Prognostic value of lung ultrasound in patients hospitalized for heart disease irrespective of symptoms and ejection fraction
Aims Lung ultrasound B‐lines are the sonographic sign of pulmonary congestion and can be used in the differential diagnosis of dyspnoea to rule in or rule out acute heart failure (AHF). Our aim was to assess the prognostic value of B‐lines, integrated with echocardiography, in patients admitted to a cardiology department, independently of the initial clinical presentation, thus in patients with and without AHF, and in AHF with reduced and preserved ejection fraction (HFrEF and HFpEF). Methods and results We enrolled consecutive patients admitted for various cardiac conditions. Patients were classified into three groups: (i) acute HFrEF; (ii) acute HFpEF; and (iii) non‐AHF. All patients underwent an echocardiogram coupled with lung ultrasound at admission, according to standardized protocols. We followed up 1021 consecutive inpatients (69 ± 12 years) for a median of 14.4 months (interquartile range 4.6–24.3) for death and rehospitalization for AHF. During the follow‐up, 126 events occurred. Admission B‐lines > 30, ejection fraction < 50%, tricuspid regurgitation velocity > 2.8 m/s, and tricuspid annular plane systolic excursion < 17 mm were independent predictors at multivariable analysis.
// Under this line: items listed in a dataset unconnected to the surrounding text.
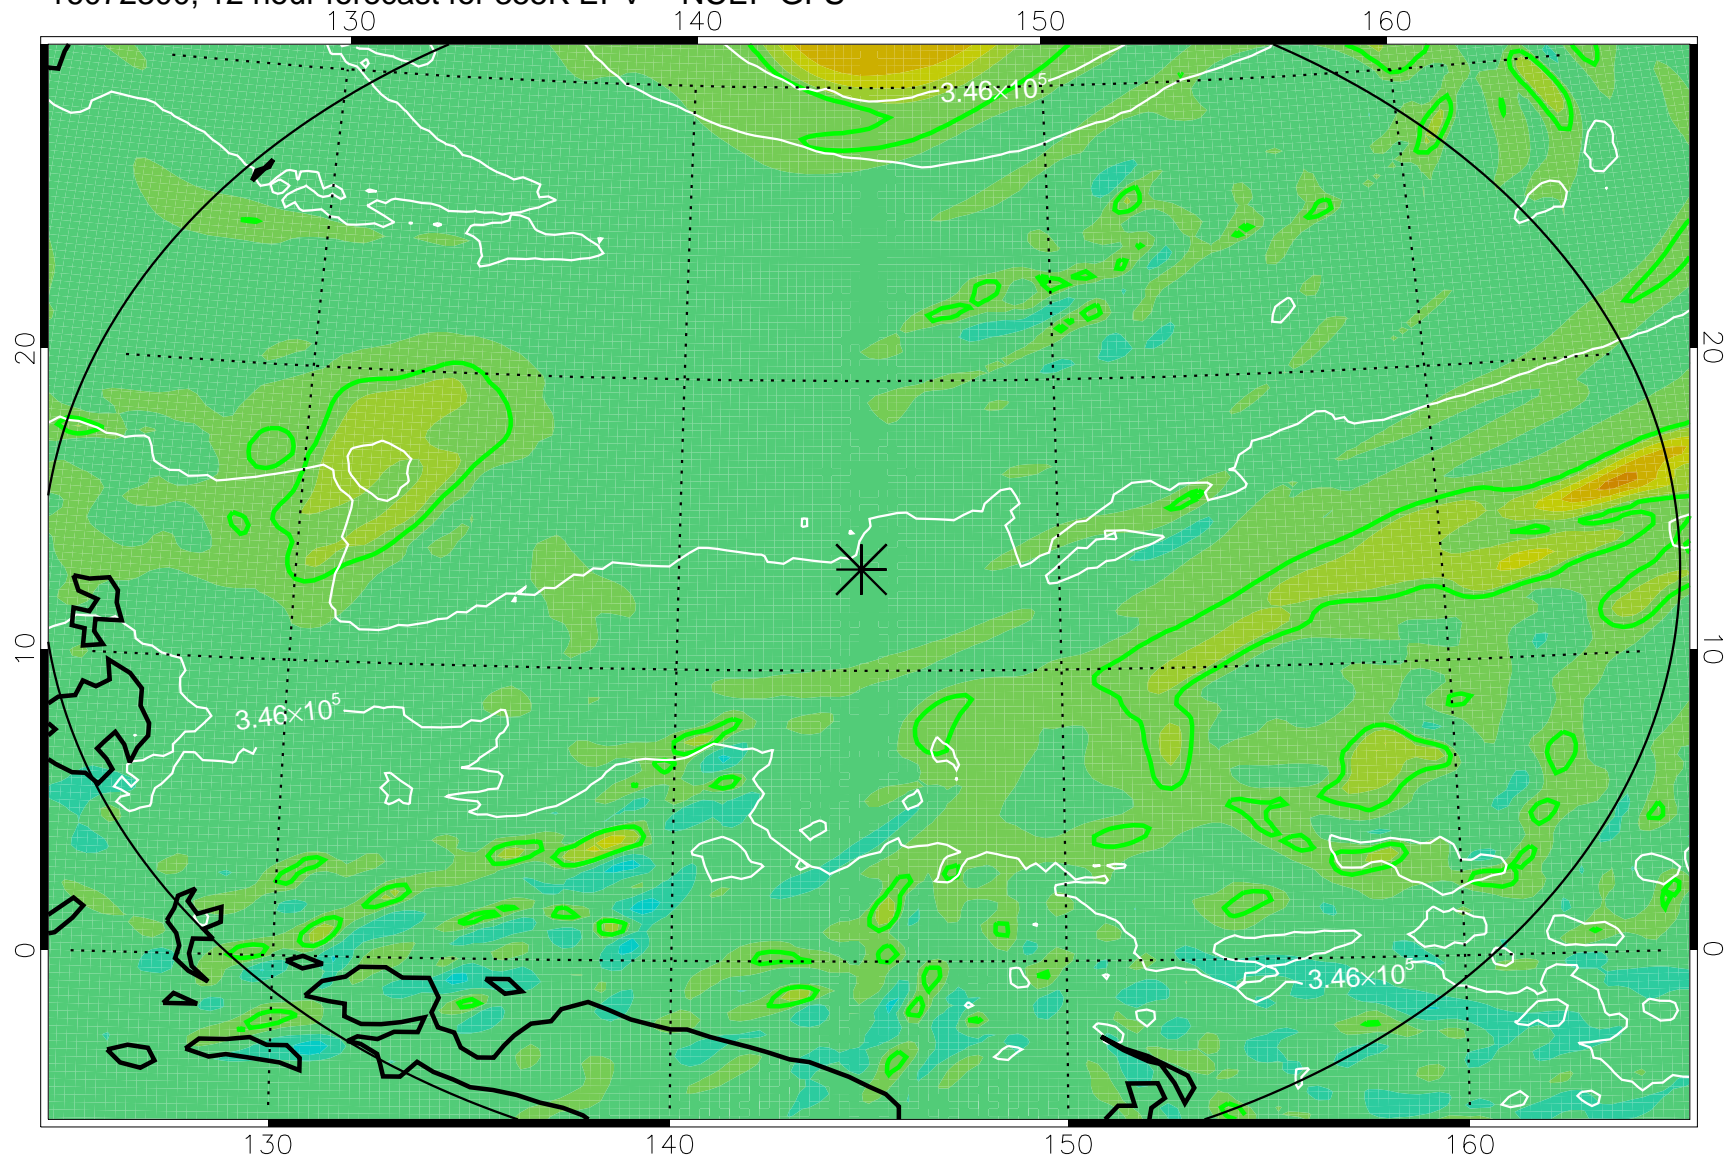

16072218, 6 hour forecast for 355K EPV -- NCEP GFS

355K Montgomery Streamfunction, white
EPV Tropopause (2 PVU) Position
Range ring of 2304 km

16072300, 12 hour forecast for 355K EPV -- NCEP GFS

355K Montgomery Streamfunction, white
EPV Tropopause (2 PVU) Position
Range ring of 2304 km

16072306, 18 hour forecast for 355K EPV -- NCEP GFS

355K Montgomery Streamfunction, white
EPV Tropopause (2 PVU) Position
Range ring of 2304 km

16072312, 24 hour forecast for 355K EPV -- NCEP GFS

355K Montgomery Streamfunction, white
EPV Tropopause (2 PVU) Position
Range ring of 2304 km

16072318, 30 hour forecast for 355K EPV -- NCEP GFS

355K Montgomery Streamfunction, white
EPV Tropopause (2 PVU) Position
Range ring of 2304 km

16072400, 36 hour forecast for 355K EPV -- NCEP GFS

355K Montgomery Streamfunction, white
EPV Tropopause (2 PVU) Position
Range ring of 2304 km

16072618, 102 hour forecast for 355K EPV -- NCEP GFS

355K Montgomery Streamfunction, white
EPV Tropopause (2 PVU) Position
Range ring of 2304 km

16072700, 108 hour forecast for 355K EPV -- NCEP GFS

355K Montgomery Streamfunction, white
EPV Tropopause (2 PVU) Position
Range ring of 2304 km
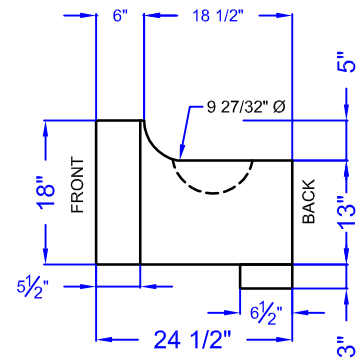

HALF BLOCK - LEFT END - TOP

APPROXIMATE VOLUME: 4.9 CF

APPROXIMATE WEIGHT: 685 LB

LEFT END VIEW

NATURAL LIMESTONE
TEXTURED FACE, TYP.

FRONT VIEW

RIGHT END VIEW

BOTTOM VIEW

TOP VIEW
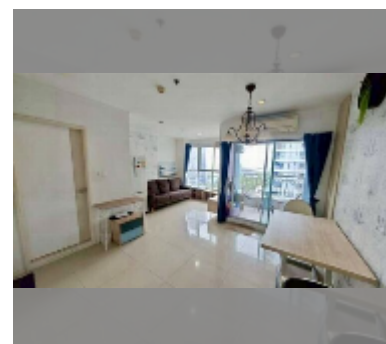

Condo for sale 2 bedroom 57 m² in Lumpini Park Beach Jomtien, Pattaya

฿ 4,300,000

UNIT PARAMETERS:

UID	FS-241219
quota	foreign quota
type	2 bedroom
size	57m²
floor	12
view	sea view
equipment: furniture, air conditioner, television, refrigerator	

PROJECT PARAMETERS:

district	Jomtien
buildings	3
floors	30
built in	2013
maintenance	฿ 27,360/year

FACILITIES:

General information: highrise, meters to beach: 50, minutes to beach: 1, open parking, multy-level parking.

Swimming pool: swimming pool, kids pool, rooftop pool, jacuzzi.

Chill zone: chill zone, garden, rooftop chillout.

Health zone: gym, sauna.

Other: reception, clubhouse, meeting room, games room, kids playgarden, CCTV, security.
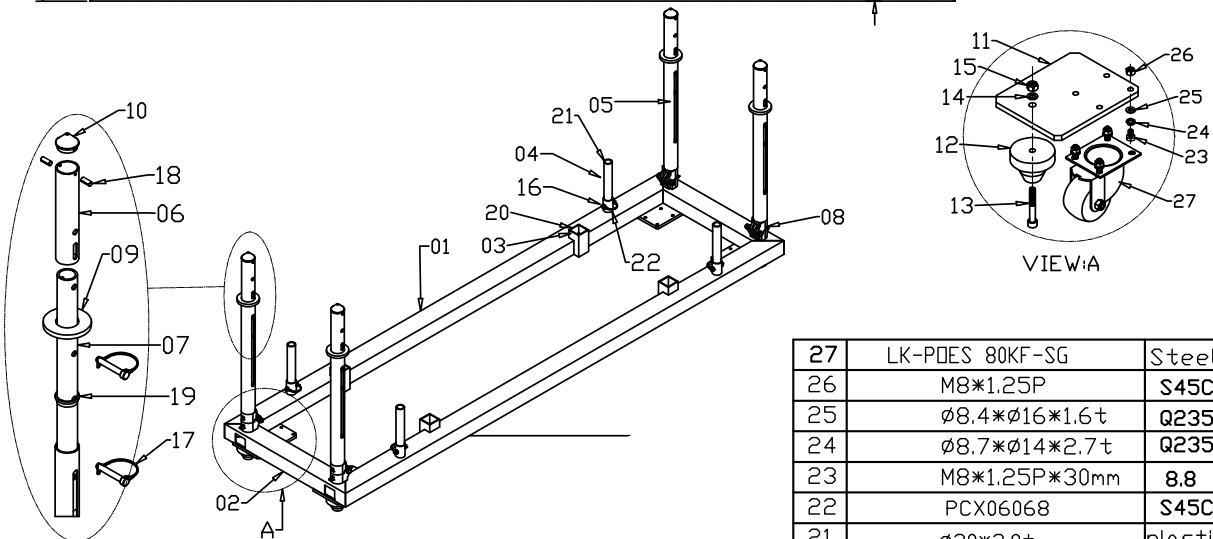

PRERIG TRUSS DOLLY 3000

PR-DOLLY-3000

27	LK-PDES 80KF-SG	Steel	ZP	4
26	M8*1.25P	S45C	ZP	16
25	ø8.4*ø16*1.6t	Q235	ZP	16
24	ø8.7*ø14*2.7t	Q235	ZP	16
23	M8*1.25P*30mm	8.8	ZP	16
22	PCX06068	S45C	ZP	4
21	ø30*3.0t	plastic	Black	4
20	50*50*3.0t	plastic	Black	4
19	PNS023C	nylon	Black	4
18	STAGE07-16	Steel	Black	8
17	PJ-CX030C	S45C	ZP	8
16	ø34.9*2.2t*50mm	#6082	T6	4
15	M10*1.5P 耐落型	S45C	ZP	4
14	ø10.2*ø20*2.0t	Q235	ZP	4
13	M10*1.5P*70mm	8.8	Black	4
12	PGDK05026A	nylon	Black	4
11	PGDK02017A	#6061	T6	4
10	PGDK05025A	nylon	Black	4
09	PLB05060A	#6061	T6	4
08	CC-505	#6061	T6	4
07	ø40*3.0t*530mm	#6082	T6	4
06	ø48*3.0t*190mm	#6082	T6	4
05	ø50*3.0t*475mm	#6082	T6	4
04	ø30*3.0t*205mm	#6082	T6	4
03	50*50*3.0t*94mm	#6061	T6	4
02	60*80*3.0t*620mm	#6061	T6	2
01	60*80*3.0t*2825mm	#6061	T6	2
NO.	SPEC.	MATERIAL	FIN.	QTY.
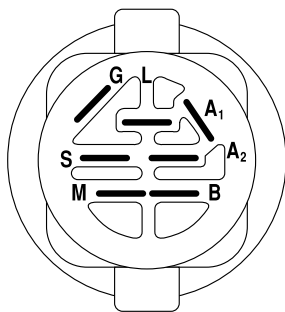

IGNITION SWITCH

POSITION	CIRCUIT	"MAKE"
OFF	M+G+A1	NONE
RUN/LIGHT	B+A1	A2+L
RUN	B+A1	NONE
START	B + S + A1	NONE

WIRING INSULATED CLIPS

NOTE: IF WIRING INSULATED CLIPS WERE REMOVED FOR SERVICING OF UNIT, THEY SHOULD BE REPLACED TO PROPERLY SECURE YOUR WIRING.

NOTE: All component dimensions given in U.S. inches.
1 inch = 25.4 mm.

REPAIR PARTS

TRACTOR - MODEL NO. LT13A (JNA13HA)

ENGINE

REPAIR PARTS

TRACTOR - MODEL NO. LT13A (JNA13HA)

ENGINE

KEY NO.	PART NO.	DESCRIPTION
1	532170551	Control Th/ch LH Flag
2	817720410	Screw Hex Thd Cut 1/4-20x5/8 T
3	-----	Engine B&S Model No. 28R707 (Order parts from engine manufacturer)
4	532137348	Muffler
13	532165291	Gasket
14	532148456	Tube Drain Oil Easy
16	811050600	Washer Lock Ext Tooth 3/8
23	532169837	Shield Brn/Dbr Guard
29	532137180	Kit Spark Arrestor (Flat Scrn)
31	532109202	Tank Fuel Front
32	532140527	Cap Asm Fuel W/sym Vented
33	532123487	Clamp Hose Black
37	532137040	Line Fuel 20"
38	532148315	Plug Drain Oil Easy
40	532124028	Bushing Snap Nyl Blk Fuel Line
44	817670412	Screw Hexwsh Thdrol 1/4-20x3/4
45	817000612	Screw 3/8-16 x 3/4
46	819091416	Washer 9/32 X 7/8 X 16 Ga
62	810040500	Washer Lock Hvy Hlcl Spr 5/16
72	871070512	Screw Hexhd Cap 5/16-18 x 3/4
78	817060620	Screw 3/8-16 x 1-1/4 SMGML
81	873510400	Nut Keps Hex 1/4-20

NOTE: All component dimensions given in U.S. inches
1 inch = 25.4 mm

REPAIR PARTS

TRACTOR - MODEL NO. LT13A (JNA13HA)

MOWER LIFT

KEY NO.	PART NO.	DESCRIPTION
1	532159460	Washer Asm Inner Spring W/Plunger
2	532159471	Shaft Asm. Lift
3	532105767	Pin Groove
4	812000002	E Ring #5133-62
5	819211621	Washer 21/32 x 1 x 21 Ga
6	532120183	Bearing Nylon
7	532109413	Grip Handle
8	532124526	Button Plunger
11	532139865	Link Lift LH
12	532139866	Link Lift RH
13	532124670	Retainer Spring
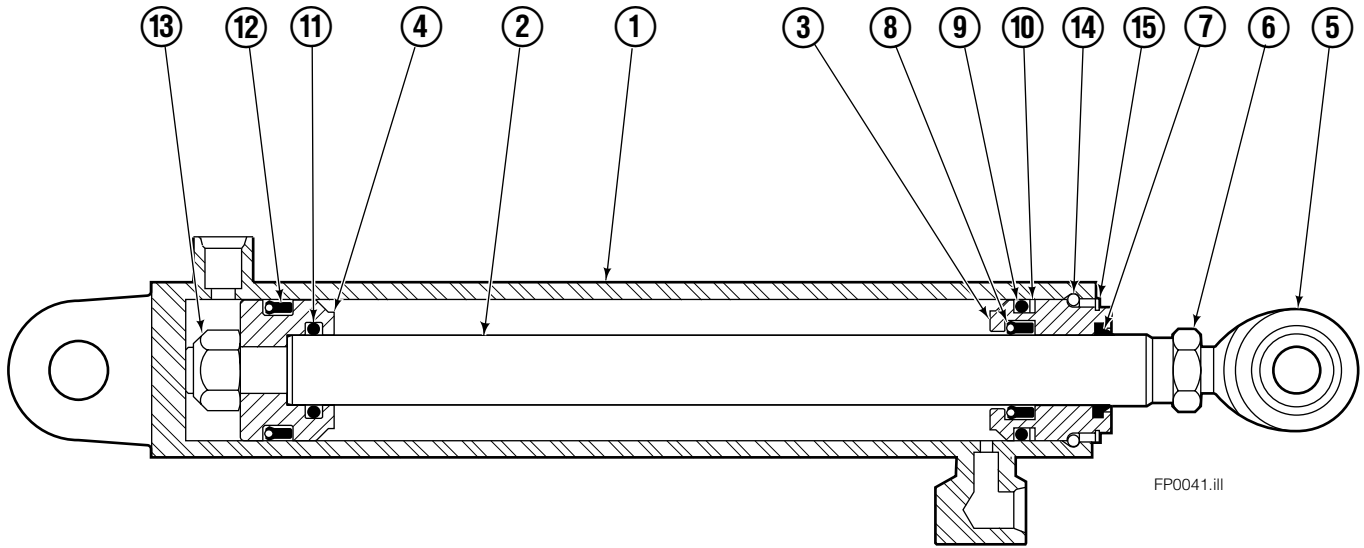

Safety Decals

Mounting Group Sideshifting

Reference:
BC-106
SK-6042
2S-4096

100F							
REF	QTY	PART NO.	DESCRIPTION	REF	QTY	PART NO.	DESCRIPTION
		209450●	Sideshifting Mounting-41" ■	9	2	204186	Lower Hook
1	1	209384	Frame-41" ■	10	4	766154	Capscrew, M16x2,0x40-8.8
2	1	209393	Anchor Bracket-41" ■	11	4	667225	Washer
3	2	601676	Fitting, 6-6	12	4	678990	Nut
4	2	209542	Key, M10x8x63	13	1	209309	Lug
5	2	678528	Clevis Pin	14	2	208350	Lower Bearing
6	2	672726	Hairpin Cotter	15	2	672018	Upper Bearing
◆7	1	676649	Cylinder Assembly	16	3	752907	Capscrew, M20x50 Lg-8.8
8	1	675550	Washer (orifice .085)				

■ Included in Service Kit 553866.

Hydraulic/Fork Group

Reference:
BC-106
SK-6042

100F

REF	QTY	PART NO.	DESCRIPTION	REF	QTY	PART NO.	DESCRIPTION
		●209464	Hydraulic Group – 41 in. ■	13	2	763169	Capscrew
		□209502	Fork Group	14	2	680217	Lockwasher
◆1	1	209486	Cylinder Assembly L.H. – 41 in. ■	15	8	681370	Capscrew
▼2	1	209493	Cylinder Assembly R.H. – 41 in. ■	16	2	209308	Pin
3	1	209514	Hose – 41 in. ■	17	4	209306	Block
4	1	209521	Hose – 41 in. ■	18	2	209305	Grommet
5	1	209528	Hose	19	2	661675	Clevis Pin
6	1	209529	Hose – 41 in. ■	20	2	672726	Hairpin Cotter
7	2	209391	Fork Carrier	21	1	763022	Capscrew
8	2	209280	Lug	22	2	7403	Grease Fitting
9	4	209303	Bearing	23	1	681238	Lockwasher
10	4	768838	Capscrew	24	1	200008	Cable Tie
11	4	678992	Lockwasher	25	5	604511	Fitting, 6-6
12	2	206923	Eyebolt				

■ Carriage width.

◆ See L.H. Cylinder page for parts breakdown.

▼ See R.H. Cylinder for parts breakdown.

● Includes items 1 through 6.

□ Includes items 7 through 25.

Left Hand Cylinder

FP0041.iii

100F

B‐lines > 30 had a strong predictive value in HFpEF and non‐AHF, but not in HFrEF. Conclusions Ultrasound B‐lines can detect subclinical pulmonary interstitial oedema in patients thought to be free of congestion and provide useful information not only for the diagnosis but also for the prognosis in different cardiac conditions. Their added prognostic value among standard echocardiographic parameters is more robust in patients with HFpEF compared with HFrEF.